- 51°56′14″N 8°45′57″W﻿ / ﻿51.93722°N 8.76583°W
- Type: Bridge
- Location: Clonmoyle East/Kilcolman/Knockanenagark, County Cork, Ireland

History
- Built: c. 1800

Site notes
- Public access: Yes

= Luskin's Bridge =

Bridge in County Cork, Ireland

Luskin's Bridge is situated 3.8 km north-east of Coachford village, County Cork, Ireland, 3.6 km south-east of Aghabullogue village, and is depicted on both the 1841 and 1901 surveyed OS maps.
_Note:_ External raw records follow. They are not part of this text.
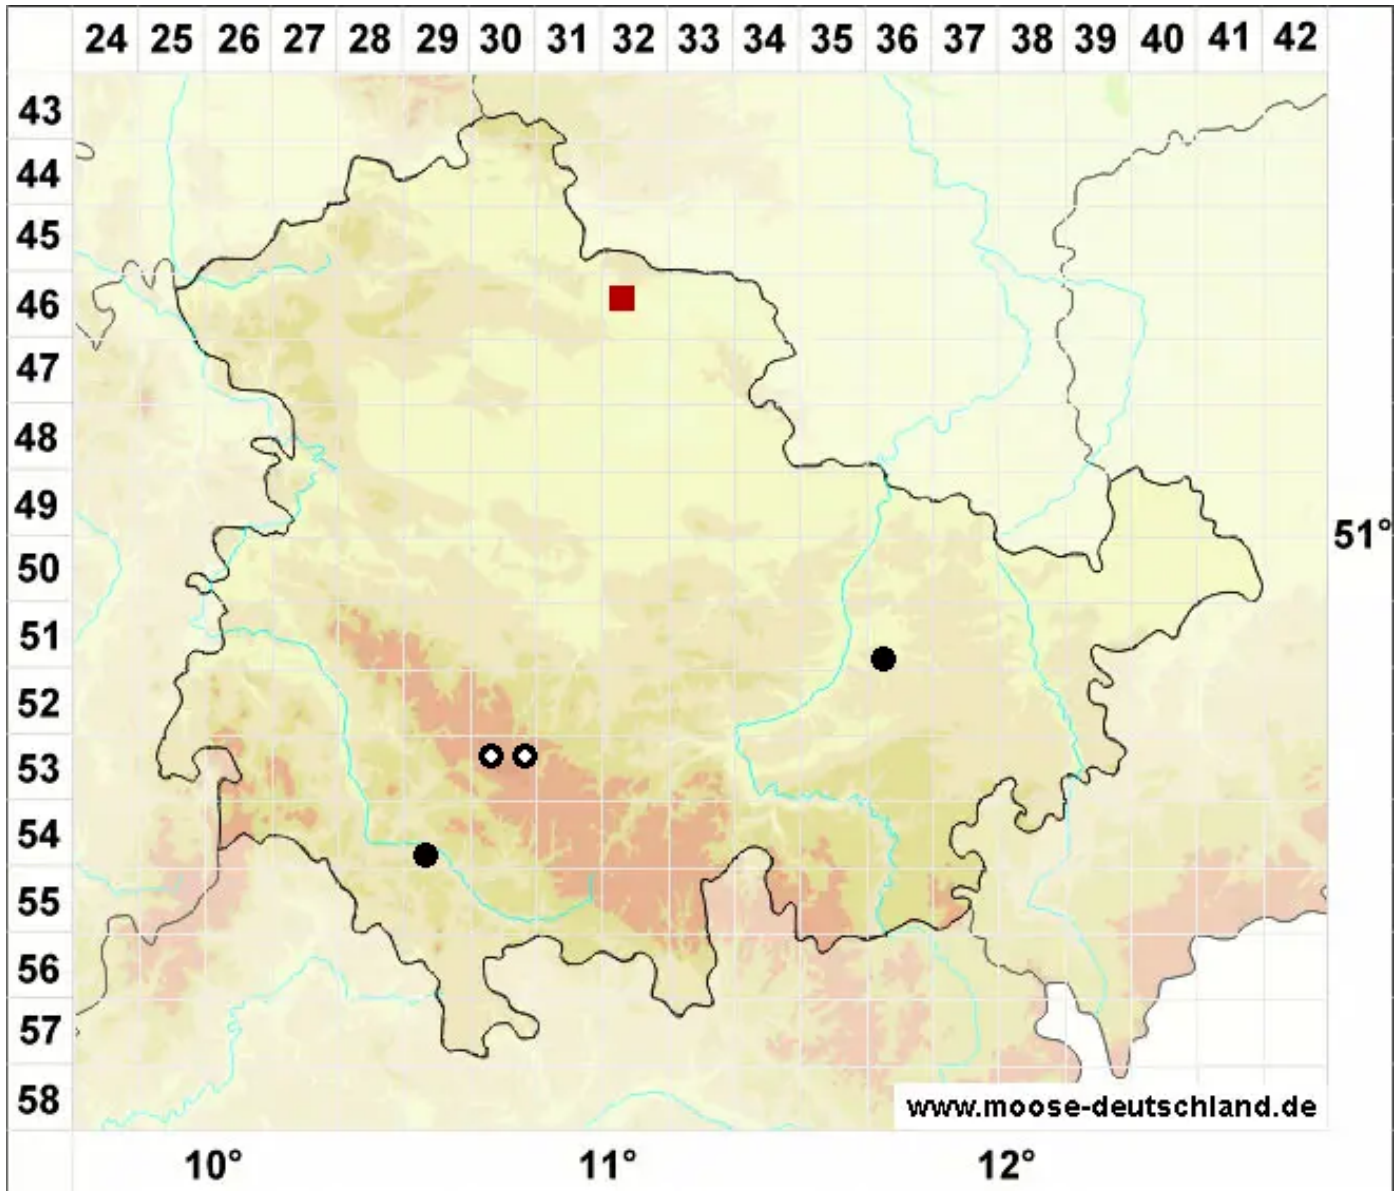

Odontoschisma denudatum (Nees) Dumort

Nacktes Schlitzkelchmoos

Legende:

Symbole:

Ausgefülltes Symbol:
Zeitraum von 1980 bis heute (Aktuelle Angabe)

Leeres Symbol:
Zeitraum vor 1980 (Altangabe)

Quadrat: Herbarbeleg

It is located at the meeting point of Clonmoyle East townland (which lies within the civil parish and Catholic parish of Aghabullogue) with Kilcolman and Knockanenagark townlands (which both lie within the civil parish of Magourney and Catholic parish of Aghabullogue).

In the Ordnance Survey name book (c. 1840), it is named 'Lurkan's Bridge', described as having three arches and on the road from Macroom to Mallow, with a man named Lurkan said to have previously lived in proximity to it.

The National Inventory of Architectural Heritage describes it as a double-arched bridge, built c. 1800, and spanning the Dripsey River. A single-span feeder arch is located on the western side. It also has rubble stone v-cutwaters on its north and south elevations, and rubble stone parapet walls with concrete capping. An upstream weir and additional arch were likely built to accommodate a mill race feeding Clonmoyle Mill to the south. The weir and mill race are both depicted on the 1901 surveyed OS Map.

Many surviving bridges in mid-Cork are originally constructed of stone, arched in shape, and late eighteenth or early nineteenth century in date.